Whether you have already taken part in our studies or have recently joined our growing participant database, I appreciate your interest in our research at Children's Hospital Boston.
This is a particularly exciting time for the laboratories; our talented researchers continue to explore a range of important "unsolved mysteries" about healthy infant and child development. For example, let's say you are a parent of a 3-year-old and a newborn. Given your 3-year-old's extensive experience looking at their new sibling (whether in jealousy or affection!), might she have developed a certain expertise for distinguishing infant faces that a 3-year-old who is an only child might not have? By working with infants, children, and adults, we aim to better understand how varying degrees of experience with "same-age" and "other-age" faces may impact brain development throughout one's lifetime.

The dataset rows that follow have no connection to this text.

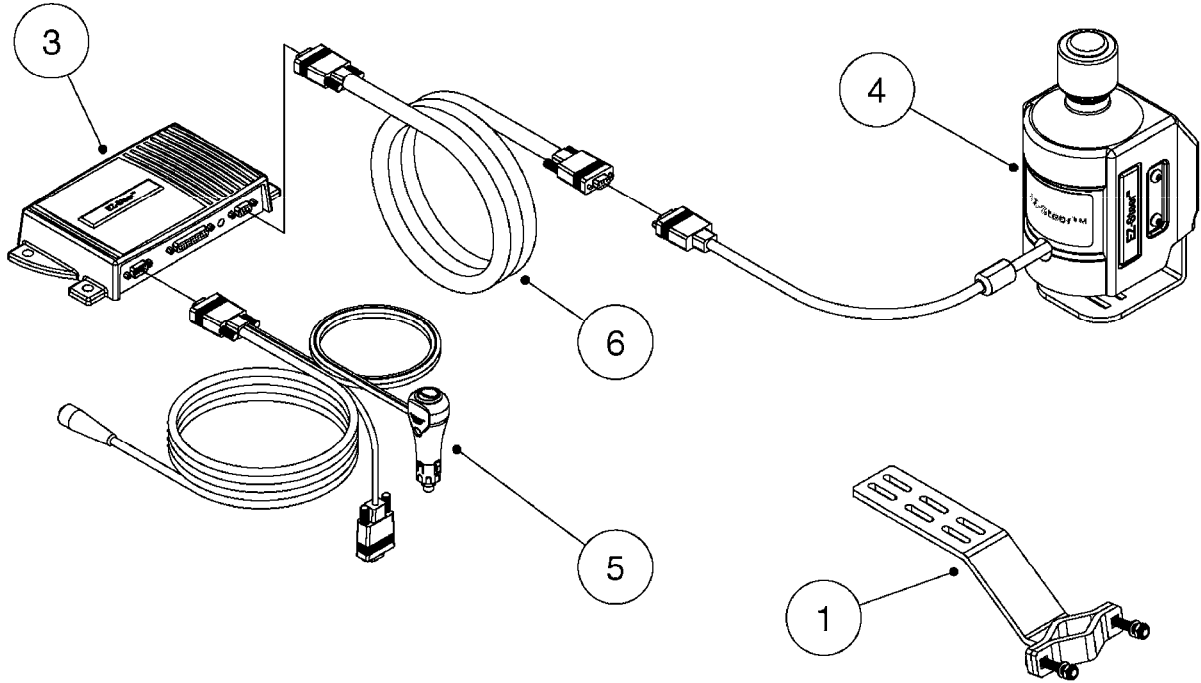

COMPLETE ASSEMBLY:
84205303 (WITH GPS)
84205403 (WITHOUT GPS)

**COMPLETE ASSEMBLIES
WHOLEGOODS ITEMS**

M0040

EZ-GUIDE PLUS LIGHT BAR
M0040-HIN, 01:01:16

Page 1
Date 12.08.2020 10:00

parts-n°	order qty	description
26007403	1	ANTENNA,HURRICANE F. EZGUIDEPL
26007503	1	REMOTE KEYPAD EZ-GUIDE PLUS
26007603	1	CABLE, ANTENNA, EZGUIDEPLUS
26007703	1	CABLE, POWER F. EZGUIDEPLUS
26007803	1	BRACKET KIT F. EZGUIDEPLUS
26007903	1	EZ-Guide 500 External Interfac
26008003	1	LIGHT BAR ASSM WITH GPS
26008103	1	LIGHT BAR ASSM WITHOUT GPS
29002703	1	VACUUM CUP 4 1/2" 1420I
29002803	1	MOUNT, MAG F. ANTENNA
29002903	1	PLATE, F. ANTENNA MOUNT
67206303	1	QUICK REFERENCE CARD EZ-GUIDE+
67206403	1	MANUAL EZ GUIDE PLUS
84205303	1	EZ GUIDE PLUS W GPS, NO LABLE
84205403	1	EZ GUIDE PLUS W/O GPS,NO LABLE
97607603	1	DECAL COMPANY 45MM X 20MM

Collaborating with child development experts from across Boston and around the world, our researchers are also engaged in studies focused on populations of children at risk for certain neurocognitive impairments. In Romania, we have helped to initiate the Bucharest Early Intervention Project; our ongoing work has demonstrated how the placement of children from orphanages into foster homes benefits their behavioral, social, and cognitive development. And here in Massachusetts, we are working with local families to identify potential early neurobehavioral markers of Autism Spectrum Disorders which might appear during infancy.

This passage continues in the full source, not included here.